Pemilihan Kepala Daerah (pilkada) 2024 kali ini sekilas terlihat lebih semarak dibandingkan tahun-tahun sebelumnya. Tercatat 37 dari 38 provinsi di Indonesia yang melaksanakan pilkada. Hanya Provinsi D.I Yogyakarta yang tidak melaksanakan pemilihan gubernur, sementara itu di tingkat kabupaten/kota hanya 6 kabupaten kota yaitu kab/kota administratif di Daerah Khusus Jakarta yang tidak melaksanakan pilkada pada 2024 ini. Tentu saja dengan cakupan wilayah yang hampir menyeluruh di Indonesia membuat Pilkada serentak tahun ini menjadi pilkada serentak terbesar yang pernah diadakan oleh Indonesia.
Dengan cakupan yang luas ini, dilansir dari Antara, KPU RI menargetkan partisipasi pemilih dalam Pilkada 2024 kali ini mencapai 82%, sebuah angka yang tergolong tinggi. Memang target ini juga didasarkan dengan pencapaian Pilkada serentak 2020 lalu yang mencapai 76% yang juga meningkat dari Pilkada serentak 2018 yatu 73%. Menurut penelitian yang dikeluarkan oleh Burhanuddin Muhtadi yang dipublikasi dalam Jurnal Integritas dikemukakan bahwa sekitar 33% masyarakat Indonesia telah “dibeli” suaranya dalam pemilu 2019 hal ini meningkat bila dibandingkan pemilu 2014 yang menunjukkan angka 29%. Tentu angka-angka ini cukup mencengangkan bagaimana politik uang menjadi keniscayaan bagi proses pemilu setelah orde baru. Belum lagi berita yang paling gres dari bidang penelitian dan pengembangan (Litbang) Kemendagri pada 2020 menyebutkan biaya pencalonan gubernur diperkirakan mencapai Rp20-100 miliar. Sedangkan pencalonan bupati dan wali kota berkisar Rp20-30 miliar.
Dari data diatas, politik uang dan partisipasi pemilih, bisa dikatakan, berkorelasi positif. Lantas yang menjadi pertanyaan publik adalah apakah peningkatan partisipasi pemilih dipicu politik uang yang semakin menjamur dikalangan masyaraat? Biaya / cost yang diperlukan untuk memperoleh jabatan yang tinggi ketika dapat meraih jabatan tersebut dariamana akan tertutup? Salah satunya adalah dengan cara mengemis atau bahkan memalak Organisasi Perangkat Daerah (OPD) seperti Gubernur Bengkulu tersebut bukan? Sehingga, korupsi dikalangan pemimpin daerah terpilih menjadi jamak, jika memang demikian if that is the case. Lebih parahnya, dana yang dikorupsi bukannya untuk menutupi biaya pilkada, termasuk diantaranya adalah membayar setoran ke partai pengusung (?), tetapi masuk ke dalam kantong pribadi, mungkin?
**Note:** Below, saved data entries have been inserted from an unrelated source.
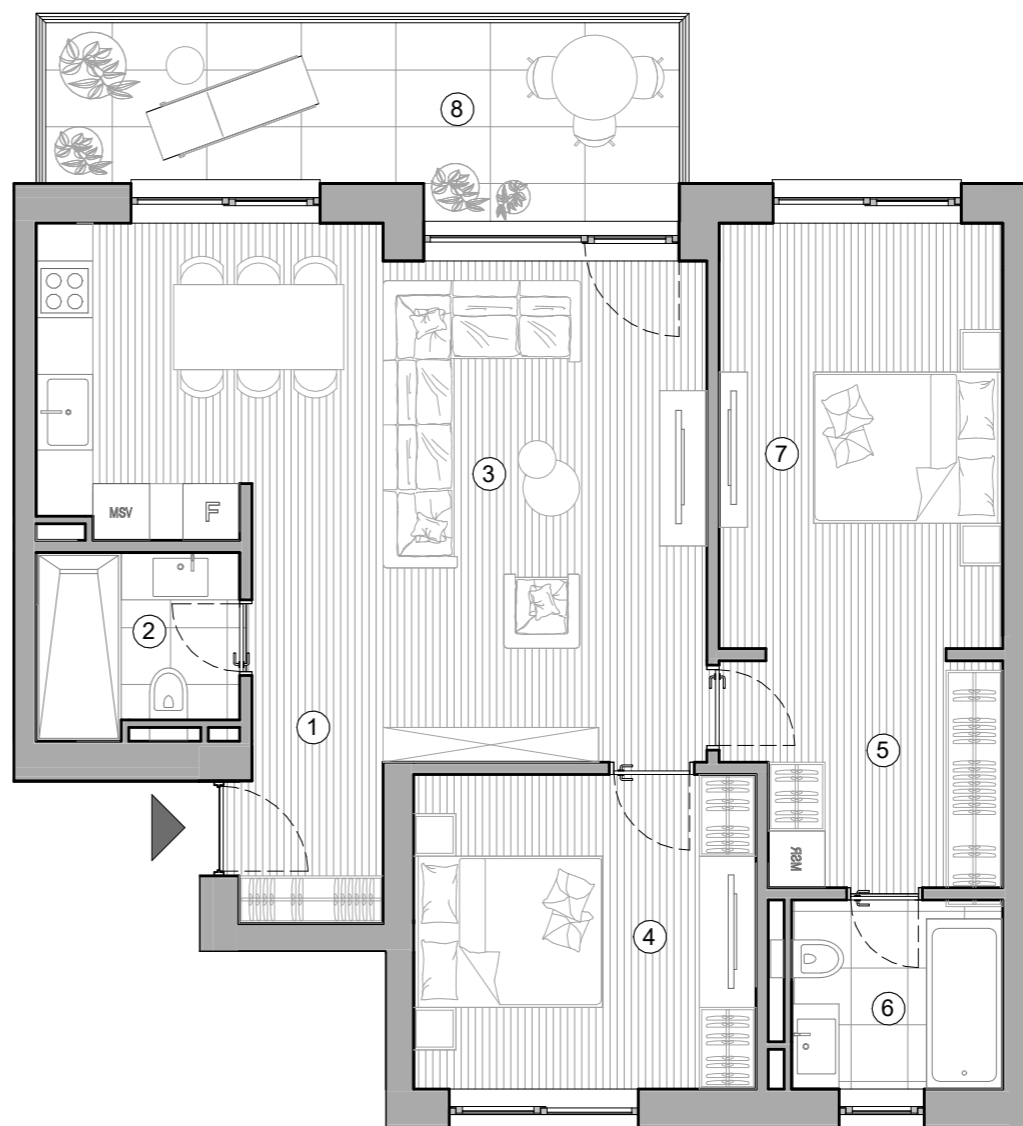

Apartament-3 camere

CLĂDIRI
Modul 4

TIP
3R-2'

SUPRAFAȚĂ
CONSTRUITĂ 92.00 m²

SUPRAFAȚĂ
UTILĂ 77.20 m²

1.	Hol	3.80	SUPRAFAȚĂ UTILĂ
2.	Baie 1	4.00	
3.	Living + Dining + Bucatarie	32.50	
4.	Dormitor 1	12.10	TOTAL 74.70 m ²
5.	Dressing M	6.90	
6.	Baie M	4.50	
7.	Dormitor M	13.90	
8.	Terasa	13.30	

ETAJ 2

BELLEMUNDE - REZIDENȚA BUNULUI GUST

IMPORTANT: Informațiile din acest document au caracter orientativ și nu pot fi considerate un angajament din partea dezvoltatorului proiectului Bellemonde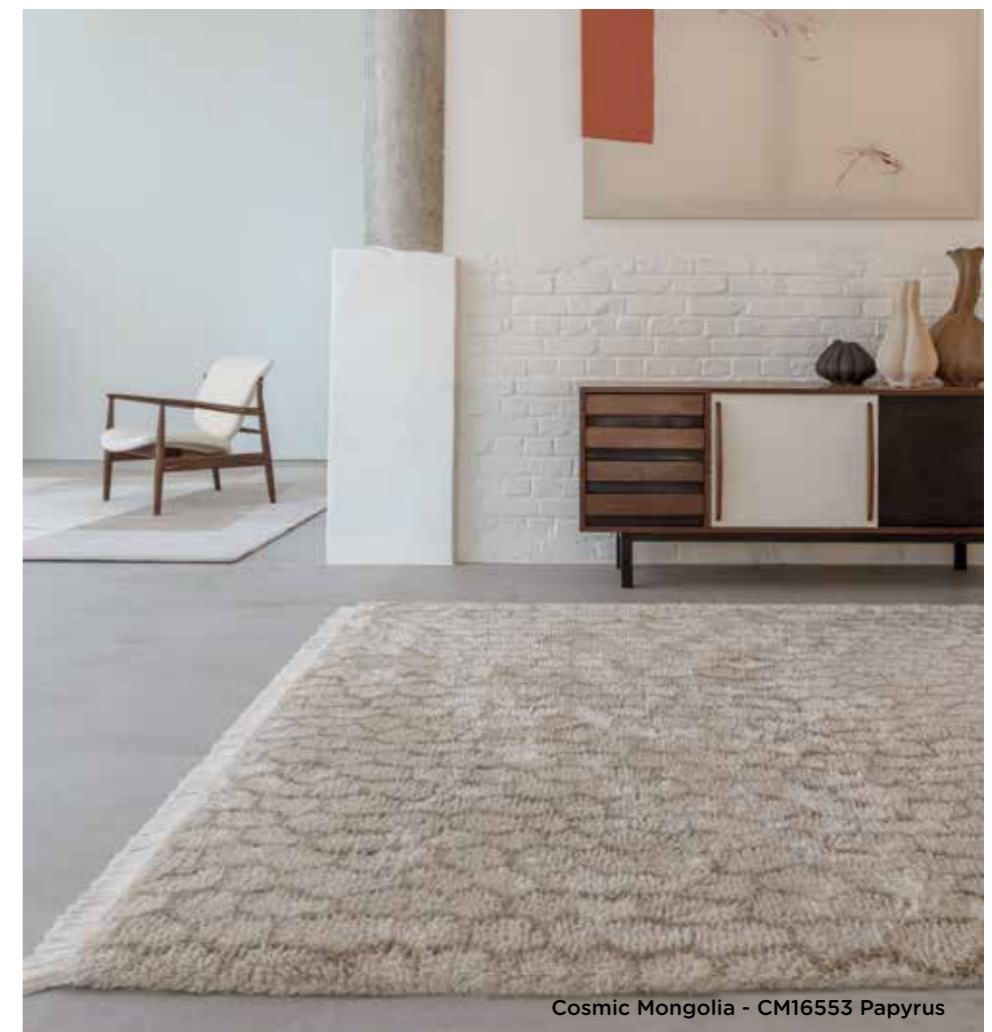

Opción: sin flecos (ribete Blind)

Lunghezza totale = lunghezza tappeto + 16 cm
Finitura frange su entrambe le **larghezze** incluse nel prezzo.

Opzione: senza frange (Blind bordo)

Cosmic Mongolia - CM16553 Papyrus

Memang tidak semua anggota masyarakat sebagai target sasaranserangan fajar. Jika kita amati, Masyarakat yang disasar adalah mereka yang tidak terikat pada sumpah kepada Pemerintah, para mahasiswa, ataupun angggota masyarakat yang secara ekonomi sudah mapan atau mereka memang dikenal sebagai anggota masyarakat yang berintegritas tinggi. Ayo, berantas dan Lawan Politik Uang!